We are normalizing codes to "nb" as per T339091#8980233 (originally it was proposed the other direction which may be problematic in the long term).

Event Timeline

For the case of Norwegian, a url using "nb" as source or target parameter will be converted into using the "no" one.

Why not the opposite way around? no is a macrolanguage code covering both nb and nn, so no and nb aren't actually synonyms even though Wikimedia usually treat them as such. We use no in the Wikipedia URL because it's (currently) technically impossible to move a wiki, but if it was possible we would move it. I've tried to for years to get us (Wikimedia) to not use no whereever possible, so if it would be possible to use nb instead of no here, I'd be grateful.

It's not too big a deal though – as long as the functionality for no and nb is the same (which is the goal of this task) that should be the main priority, but it feels like normalizing to no is just creating problems our future selves when no.wikipedia.org can finally be moved to nb.wikipedia.org.

Sorry if it seems like I'm beating a dead horse here 🙈

For the case of Norwegian, a url using "nb" as source or target parameter will be converted into using the "no" one.

Why not the opposite way around? no is a macrolanguage code covering both nb and nn, so no and nb aren't actually synonyms even though Wikimedia usually treat them as such. We use no in the Wikipedia URL because it's (currently) technically impossible to move a wiki, but if it was possible we would move it. I've tried to for years to get us (Wikimedia) to not use no whereever possible, so if it would be possible to use nb instead of no here, I'd be grateful.

It's not too big a deal though – as long as the functionality for no and nb is the same (which is the goal of this task) that should be the main priority, but it feels like normalizing to no is just creating problems our future selves when no.wikipedia.org can finally be moved to nb.wikipedia.org.

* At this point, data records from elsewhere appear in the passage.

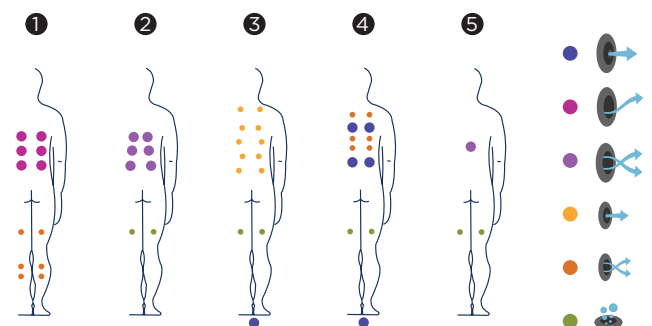

EASY ACCESS

Model Easy Access je mimořádně všestranný a elegantní model, jehož hlavním rysem je velmi snadný vstup. K vaně je dodáván s robustními schody z pevného materiálu pro maximální trvanlivost a odolnost.

Madlo z nerezové oceli poskytuje skvělou oporu a vede vaše kroky. Uvnitř vany jsou vestavěné schody, které usnadní snadné nastupování a vystupování z vířivky.

Pozice: 5 (4 / 1)

Rozměry: 216 x 198 x 90

Technická Specifikace
Easy Access
 ref: 52565

Sorry if it seems like I'm beating a dead horse here 🙈

Thanks for the input @jhsoby. The main intention of the ticket is to avoid the fragmentation. I was suggesting the "no" code since I took for granted the use in the url would be a good reference but lacked the context you provided. So I think it may be preferred to do it the other way around. I'll update the ticket.

Pginer-WMF added a subscriber: santhosh.

The situation has improved a bit since the ticket was originally reported. Now both examples from the description result in the same list of MT providers being shown (Yandex and MinT). However, Google is missing where it is expected to appear. Something may still need fixing on the Google config or the code that processess it.

no.wikipedia.org_w_index.php_title=Spesial_Innholdsoversettelse&campaign=contributionsmenu&from=en&page=Avocado+toast&to=nb(iPad Air).png (1×2 px, 682 KB)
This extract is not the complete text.